→ **THE TASK**: Repeat each entry word for word. Leave any images out of the copy.

→ **SOURCE INFORMATION**:
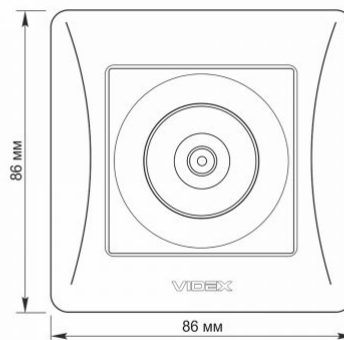

VIDEX®

VIDEX BINERA

Артикул товару: VF-BNSK1TVME-W

Ми залишаємо за собою право вносити технічні зміни. Дані, що містяться в цьому матеріалі не має юридичної сили.

Allegro opt Sp. z o.o., ul. Mierzeja Wiślana 11,
30-732 Краків, Польща.

Продукт відповідає вимогам директив ЄС

Забороняється викидати смітєве обладнання, позначене символом перекресленого контейнера, разом з іншим сміттям

— Клас захисту від пилу та вологи. Захист від твердих предметів розміром більше 12 мм; без захисту від вологи

Дата: 4.06.2026

→ **RESPONSE TO THE TASK**:
VIDEX®

VIDEX BINERA

Артикул товару: VF-BNSK1TVME-W

Ми залишаємо за собою право вносити технічні зміни. Дані, що містяться в цьому матеріалі не має юридичної сили.

Allegro opt Sp. z o.o., ul. Mierzeja Wiślana 11,
30-732 Краків, Польща.

Продукт відповідає вимогам директив ЄС

Забороняється викидати смітєве обладнання, позначене символом перекресленого контейнера, разом з іншим сміттям

— Клас захисту від пилу та вологи. Захист від твердих предметів розміром більше 12 мм; без захисту від вологи

Дата: 4.06.2026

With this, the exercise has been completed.